Different scheduling algorithms proposed in Alharbi & Jemmali (2020), Jemmali (2019), Melhim, Jemmali & Alharbi (2018), Jemmali (2021b), Jemmali (2021a), Haouari, Gharbi & Jemmali (2006), Haouari, Hidri & Jemmali (2008) and Hidri & Jemmali (2020) can be extended and applied to the proposed problem.

Several schemes used reputation systems mechanisms to ensure a trusted routing environment. In Li, Lyu & Liu (2004), the authors proposed a trusted-based routing protocol model recommending the trusted routing node to improve security. In Venkataraman et al. (2015) and Tang et al. (2018), authors embed a trust-based mechanism in the routing path for routing path scheduling. Other authors used Blockchain and trusted public key.

Protocols (Abd El-Moghith & Darwish, 2021) create decentralized inter-domain trusted routing systems and use smart contracts (Ramezan & Leung, 2018) to follow a trusted route to the destination. Detection of malicious nodes using reinforcement learning by automatically discovering the packets number transmitted to node’s neighbor nodes was studied in Mayadunna et al. (2017). In Shukla et al. (2022), the authors proposed a scheme to ensure the privacy of the source location to maintain safety time. The scheme selects multiple phantom nodes based on a dynamic routing generation process, adds a randomly directed path, and transmits the packets through different phantom nodes to ensure security (Boneh & Franklin, 2003).

Several algorithms-treated scheduling problem can be served to solve the studied problem (Jemmali, Hidri & Alourani, 2022; Jemmali et al., 2022a; Hmida & Jemmali, 2022; Alquhayz, Jemmali & Otoom, 2020; Jemmali, Otoom & al Fayez, 2020).

Even though there is a strong need for a multilevel secure data dissemination solution in a military-based environment, not enough research and investment in this domain exist despite the need to use such a solution in the current era where collaboration between businesses and governmental organizations becomes necessary. Furthermore, although several access-control mechanisms have been deployed for secure data dissemination (Ferraiolo, Kuhn & Chandramouli, 2003; Goyal et al., 2006), they are not fully practical in dealing with the multilevel protection of classified big data or data streams needed in a military-based environment. Therefore, the current article proposes a model that relies on two router-based architectures to schedule securely and then disseminate conflict-based multilevel packet security in a critical situation. In addition, other research related to the representation of the network traffic is developed in Melhim, Jemmali & Alharbi (2019) and Melhim et al. (2020).

The contributions of this article are summarized in the following achievements:

Eight proposed algorithms were coded and assessed to solve an NP-hard problem.
Explanation of the new constraint regarding the two routers problem giving an example.
The execution time of the proposed algorithms is efficient and the solution can be obtained in 0.001 s.
The experimental results show that the best algorithm is BCG in 89.1%.

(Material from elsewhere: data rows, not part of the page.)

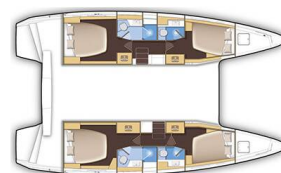

LAGOON 42

CLASS (2020)

Catamaran Lagoon 42 CLASS, built in 2020 is anchored in the **Skiathos, Skiathos/Sporades, Volos, Greece**. It has **4 + 2 cabins**, can accommodate **8 + 2 people** and has **4 toilets**. Bed linen and kitchen equipment are included in the price.

CLASS

Production year

2020

Length

42 ft

Cabins

4 + 2

Berths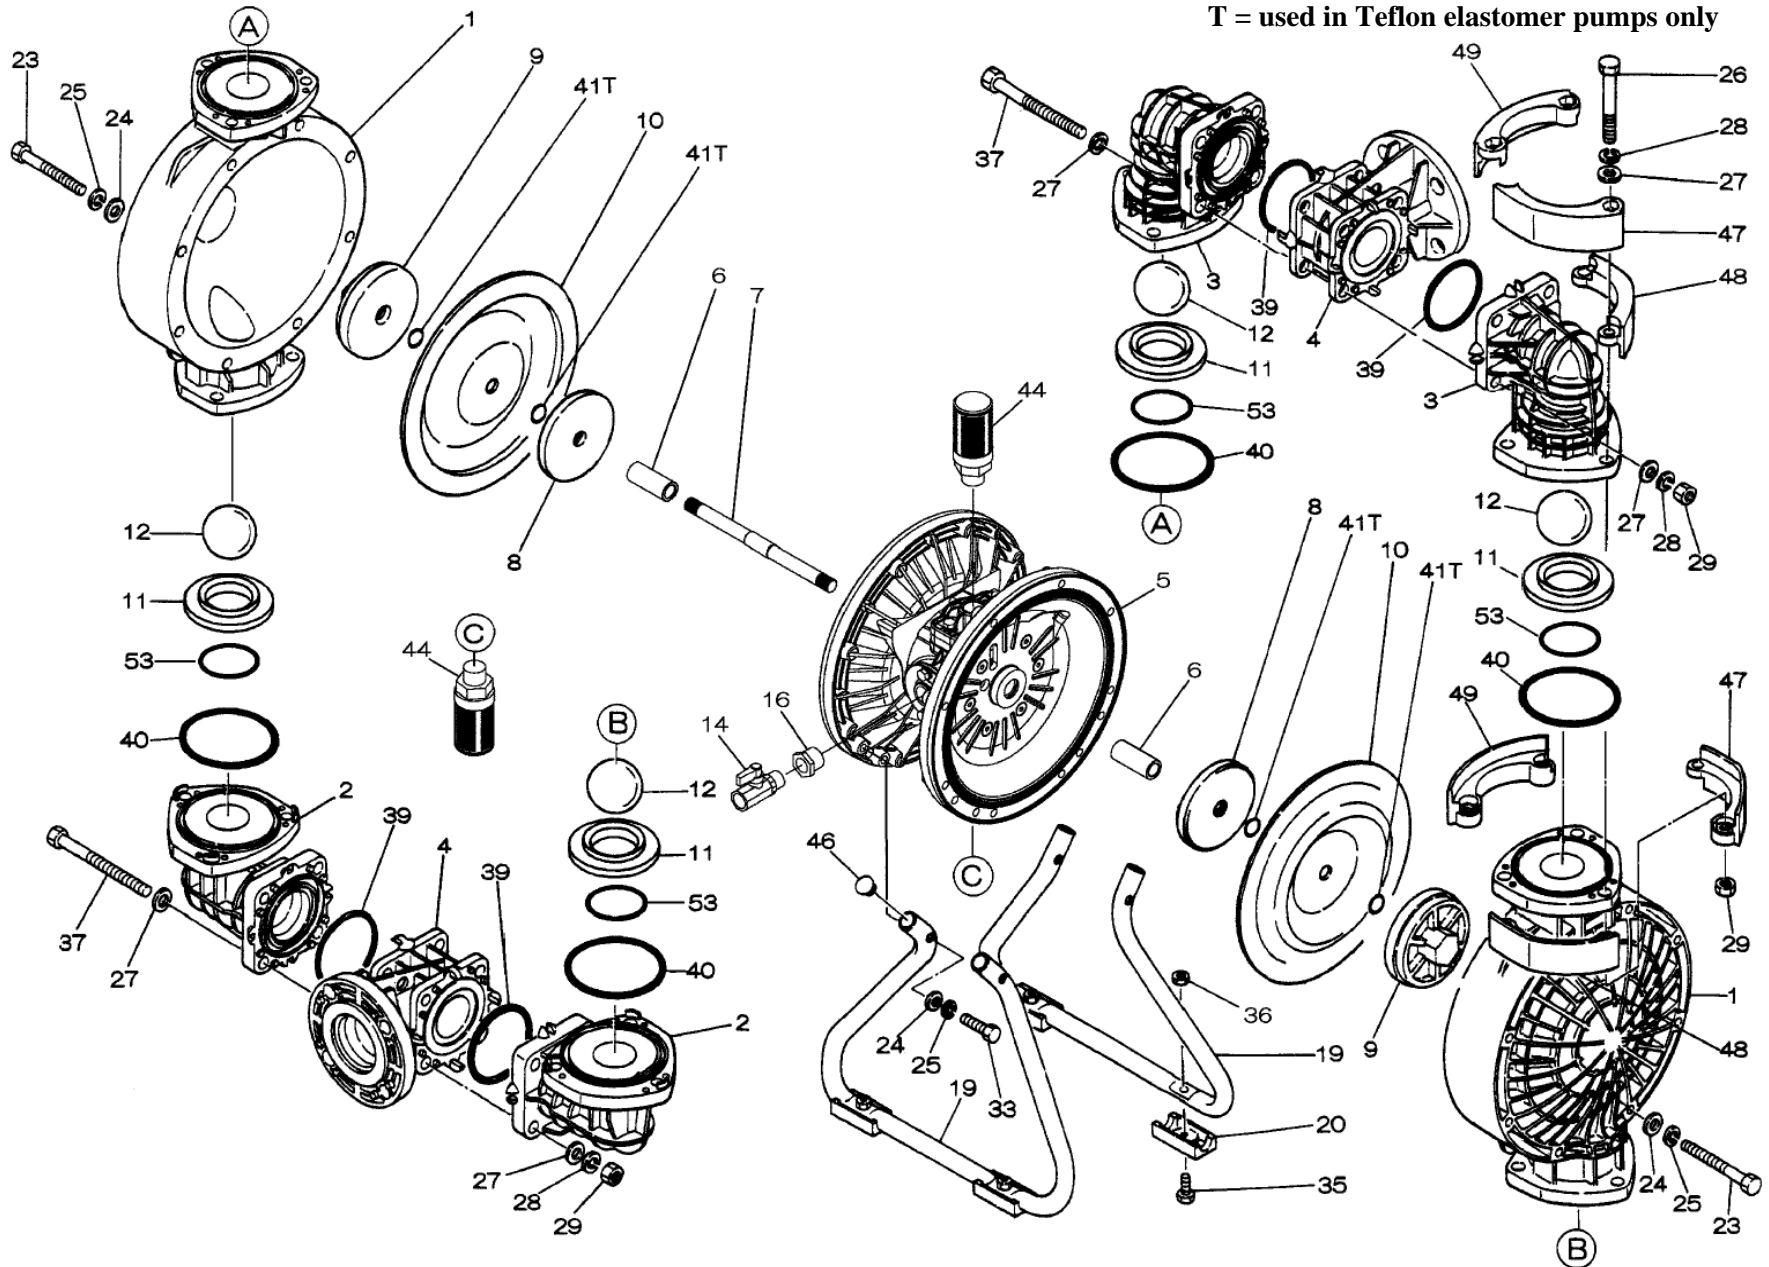

T = used in Teflon elastomer pumps only

Model: DP-50BPS-HD
Part # 854472

XDP

Yamada America, Inc.
955 East Algonquin Rd
Arlington Heights, IL 60005
Phone: 847.631.9200
Fax: 847.631.9273
www.yamadapump.com

Reference No.	Description	Q'ty	Part No.
1	Out Chamber	2	780148
2	In Manifold	2	780245
3	Out Manifold	2	780151
4	Center Manifold	2	780249
5	Body Assembly	1	804778
6	Center Bushing	2	716219
7	Center Rod	1	716218
8	Center Disk	2	711904
9	Center Disk	2	771727
10	Diaphragm	2	771976
11	Valve Seat	4	772097
12	Ball	4	770633
14	Ball Valve	1	684322
19	Stand Body	2	711926
20	Cushion	4	771865
23	Bolt	16	686156
24	Plain Washer	24	631330
25	Spring Lock Washer	24	680257
26	Bolt	12	621213
27	Plain Washer	28	631331
28	Spring Lock Washer	20	680607
29	Nut	20	628014
33	Bolt	8	621179
35	Bolt	4	621149
36	Nut with Flange	4	683837
37	Bolt	8	684592
39	O-ring	4	684121
40	O-ring	4	684122
44	Silencer	2	804697
46	Cap	4	683641
47	Protector A	8	771786
48	Protector B	8	771787
49	Protector C	8	771788
53	O-ring	4	685448

Repair Kits

K50-PS Liquid Side Kit includes the following:

10	Diaphragm	2	771976
53	O-ring	4	685448
40	O-ring	4	684122
12	Ball	4	770633

K45-AM-DP-HD Air Side Kit includes the following:

5-3	Throat Bearing	2	773048
5-5	Center Rod Guide	1	773047
5-6	O-ring	2	640023
5-7	O-ring	2	640133
5-8	Gasket	2	773040
5-9	Gasket	2	773041
5-10	O-ring	2	640138
5-11	O-ring	8	640007
5-14	O-ring	2	640134
5-21	Bushing	4	773067
5-22	Spring	2	684537
5-24	Pin	2	700231

The suggested techniques presented in this article can be exploited and operated to be adopted for other scheduling problems. Our approach is important since it provides optimal security due to its multilevel security that minimizes the level of leaked information in case of cybersecurity attacks compared to other approaches. For example, the highly secure dissemination of packets in our approach justifies our important architectural choice of two routers since two packets that belong to the same level of security are prohibited from being transmitted at the same time, and this only can be accomplished in the main time through more than one router. Thus, if an adversary could capture one highly secure packet at one point through one router, it would not be able to capture a second one simultaneously since our architecture promotes transmitting classified packets with multiple levels of security. Additionally, a review of the literature showed the lack of research on this NP-Hard problem, and the first work is presented in Sarhan, Jemmali & Ben Hmida (2021). Finally, we introduced several algorithms that can help reach metaheuristics or an exact solution for the problem in the future.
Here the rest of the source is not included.